Амадей вытащил еще один платок.
– Соболезнуем вам, – сказал Бурлен.
– Ночью их разбудил крик моей матери. Он лежал на ней и уже засунул руки под… короче, уже засунул руки. У матери хватило сил отпихнуть его, и он упал задом прямо в костер. Ну, это как раз меня не удивляет, – усмехнулся Амадей. – Он вскочил и стал хлопать себя по заднице, чтобы потушить огонь. Он был смешон, понимаете, и унижен. Мало того, мать засмеялась, обзывая его на все лады, скотиной и мудаком, – у нее со словарным запасом было все в порядке. Но лучше б она промолчала, бедняжка. Потому что этот гад разъярился, набросился на нее и заколол одним ударом ножа в сердце. И ее тоже скинул под лед. Освещая себе дорогу горящей деревяшкой. А отец даже не шелохнулся. Как, впрочем, и никто другой.
Молодой человек взял из коробки еще два платка. Возле его гуттаперчевых рук их образовалась уже целая кучка.
– Почему они не убили его? – продолжал Амадей. – Их было десять человек!

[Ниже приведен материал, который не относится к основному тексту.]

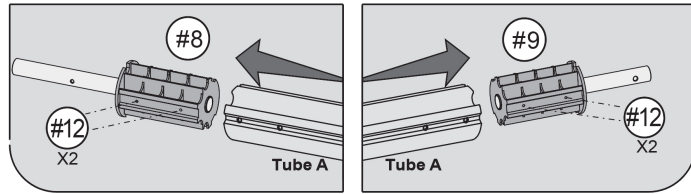

Inground Pool Cover Reel

Ref	Qty
#1	1
#2	1
#3	1
#4	1
#5	2
#6	1
#7	1
#8	1
#9	1
#10	1
#11	2
#12	4
#13	□ 6 □ 12
#14	1
#15	1
#16	4
#17	2
#18	1
#19	1
#20	8
#21	8
#22	8

BA7581-22:
Total 3 tubes. 1 of Tube A inside of Tube B.

BA7582-22:
Total 5 tubes. 2 of Tube A inside of Tube B.

1

2

3

4

5

BA7581-22: Y≤18ft
BA7582-22: Y≤21ft

Solar Cover Reel Straps Kit Assembly
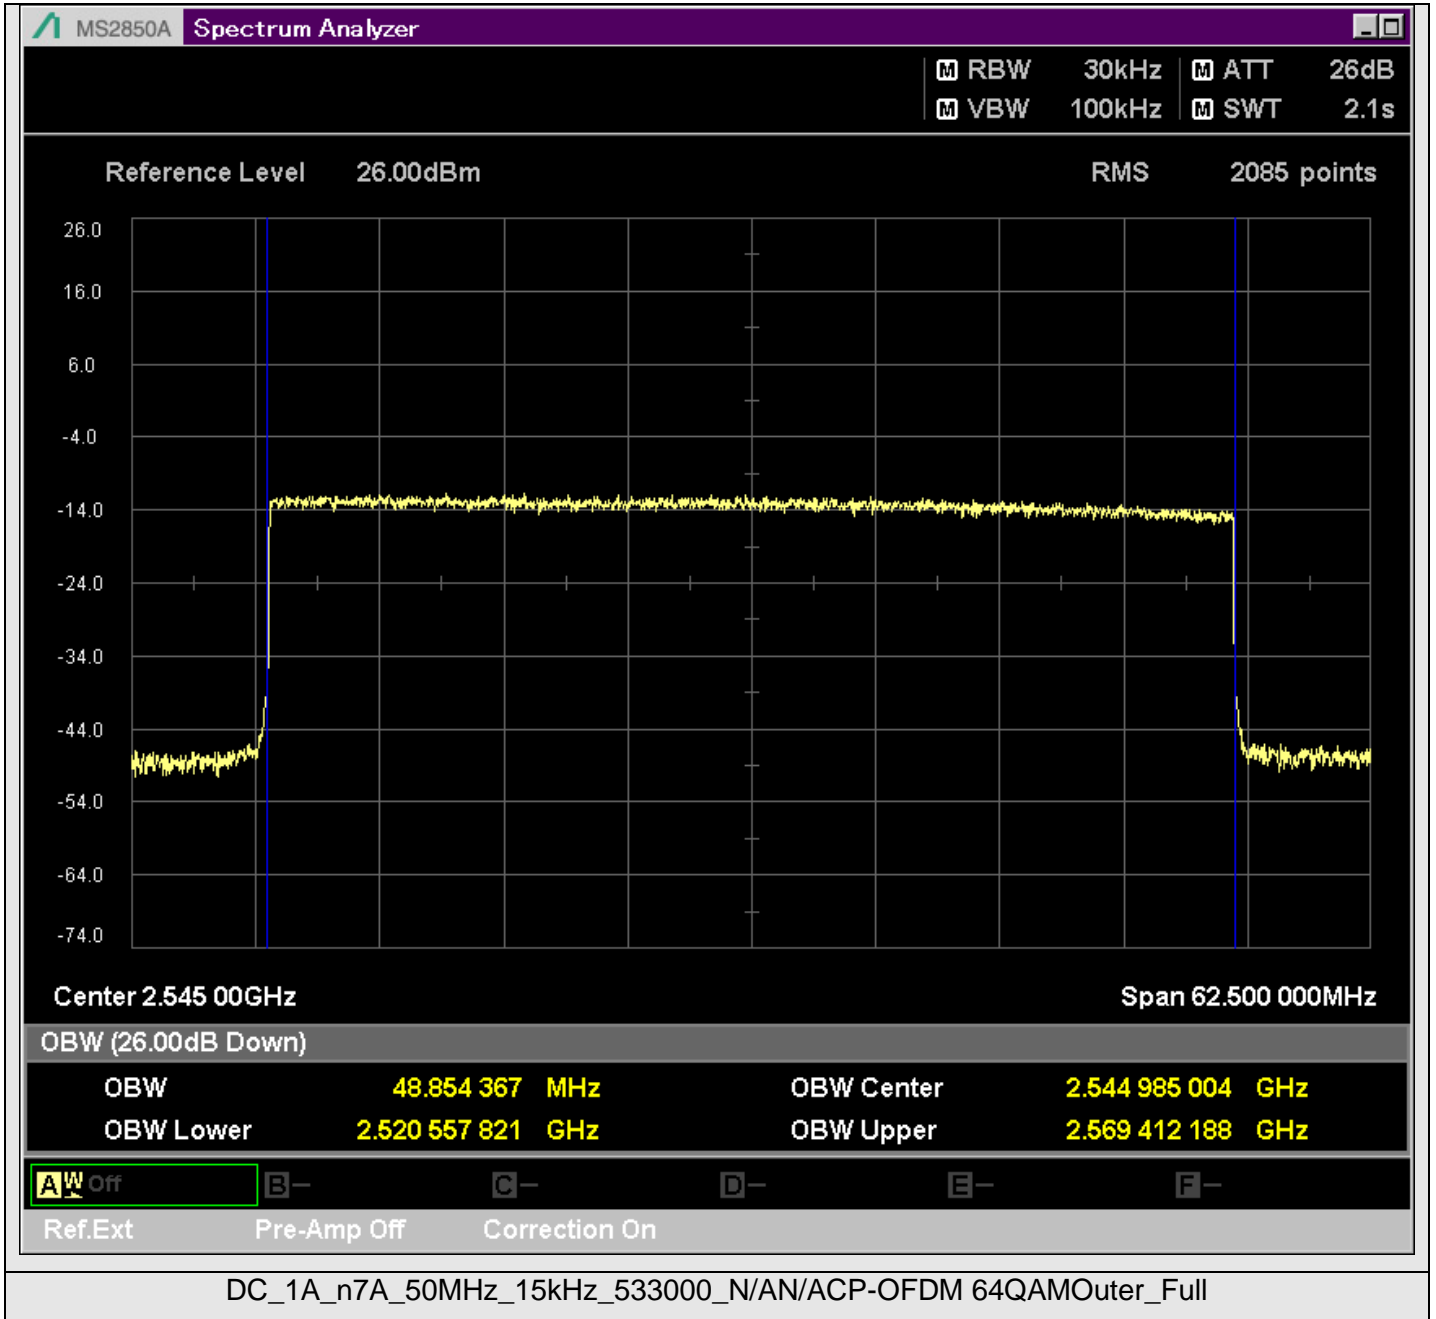

TestGraph

2.1051B.2 Band edge

TestResult

Band	Bandwidth	SCS	Channel	TestID	TestConfig	Value	LowLimit	UpLimit	Result
DC_1A_n7A	5MHz	15kHz	524500	1	@2499.950MHz	-21.11	-999.00	-10.00	PASS
DC_1A_n7A	5MHz	15kHz	524500	1	@2499.500MHz	-44.42	-999.00	-10.00	PASS
DC_1A_n7A	5MHz	15kHz	524500	1	@2499.000MHz	-37.39	-999.00	-10.00	PASS

Десять против одного! “Авторитет”, ответила мне на это Алиса Готье, у него был “авторитет”. А главное, только он еще и мог бродить по острову в поисках жрачки. На случай если туда занесет какую-нибудь гагарку или чистика. Так что они молчали в тряпочку и безучастно, в полном изнеможении ждали, когда он вернется. Как-то вечером он притащил им тюленя, перебив ему хребет палкой. Он был весь в крови, и от него воняло рыбой. Вот тут отец и док встали, чтобы помочь ему донести добычу и разделать ее. Он приказал им бросить в костер камни, чтобы зажарить на них эту тушу.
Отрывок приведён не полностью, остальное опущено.